_PROBLEM TO WORK ON_: Please output exactly the part of the records below that opens with the line containing "Окончание строительства" and closes with the line containing "Расчёты являются предварительными, произведёнными", both lines included, and nothing else.

_RECORDS TO USE_:
========

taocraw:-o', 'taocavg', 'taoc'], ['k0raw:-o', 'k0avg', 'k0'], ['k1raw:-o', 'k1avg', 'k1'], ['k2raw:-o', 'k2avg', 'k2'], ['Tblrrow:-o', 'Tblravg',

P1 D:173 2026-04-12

========

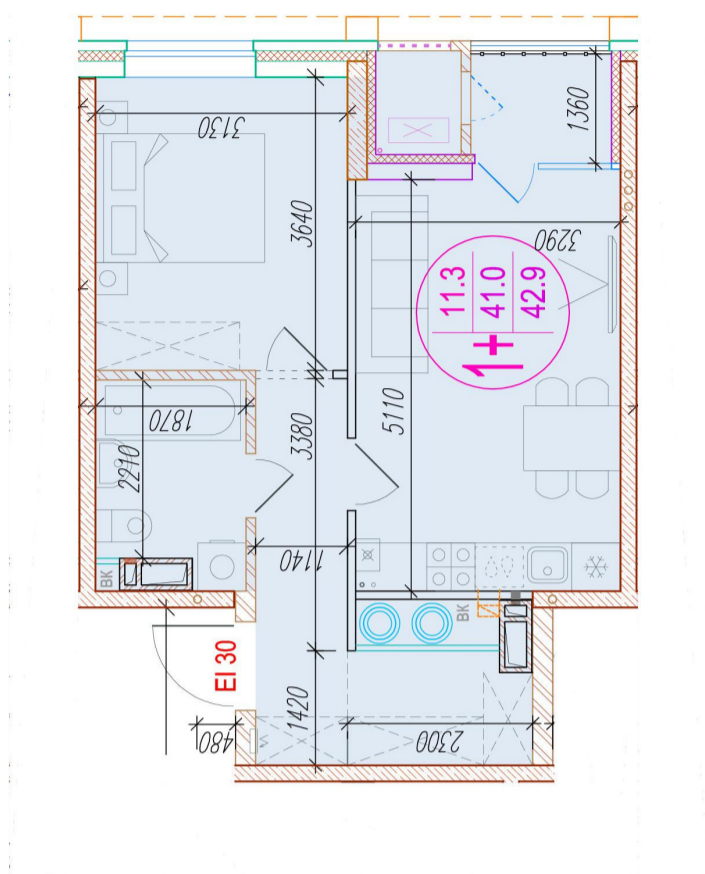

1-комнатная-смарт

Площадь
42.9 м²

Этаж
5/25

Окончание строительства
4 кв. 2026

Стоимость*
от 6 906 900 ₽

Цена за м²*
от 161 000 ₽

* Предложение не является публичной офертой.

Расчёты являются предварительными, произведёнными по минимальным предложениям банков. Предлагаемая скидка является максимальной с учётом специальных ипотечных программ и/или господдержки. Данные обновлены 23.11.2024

========

_RESPONSE TO THIS TASK_:
Окончание строительства
4 кв. 2026

Стоимость*
от 6 906 900 ₽

Цена за м²*
от 161 000 ₽

* Предложение не является публичной офертой.

Расчёты являются предварительными, произведёнными по минимальным предложениям банков. Предлагаемая скидка является максимальной с учётом специальных ипотечных программ и/или господдержки. Данные обновлены 23.11.2024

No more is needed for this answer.